* _MATERIAL TO PROCESS_:
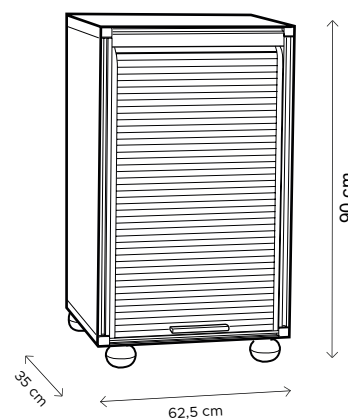

MODULAR LIVING 80.S1.TP

STRUTTURA/CASE
RAL 9010

FINITURE/TRIMMINGS
RAL 1019

MODULAR LIVING 80.S1.TP

- Apertura con serranda verticale salvaspazio
- Prodotto in PVC
- 2 scomparti interni
- Pannelli estrusi di PVC da 20 mm autoestinguenti
- Adatto per esterno ed interno
- Prodotto facile da assemblare
- Resistente agli agenti atmosferici
- Non necessitano di manutenzione
- Facile da pulire

Equamente distribuiti
Evenly distributed

LINEA LIVING						
COD.	EAN	DIM.	Kg	PEZ.PALLET	MAT.	MOQ
V06.01.003	8032605813329	62,5 X 35 x 90 h cm	10	33	PVC	1 PALLET

BOX SIZE : 81,5 x 37 x 20 cm

DIM.PALLET : 81,5 x 120 x 233 cm

* _REQUIRED WORK_: Take the line containing "Evenly distributed" and every line after it up to the last line of the listing, and output them exactly, with nothing else.

* _SOLUTION TO THIS EXERCISE_:
Evenly distributed

LINEA LIVING						
COD.	EAN	DIM.	Kg	PEZ.PALLET	MAT.	MOQ
V06.01.003	8032605813329	62,5 X 35 x 90 h cm	10	33	PVC	1 PALLET

BOX SIZE : 81,5 x 37 x 20 cm

DIM.PALLET : 81,5 x 120 x 233 cm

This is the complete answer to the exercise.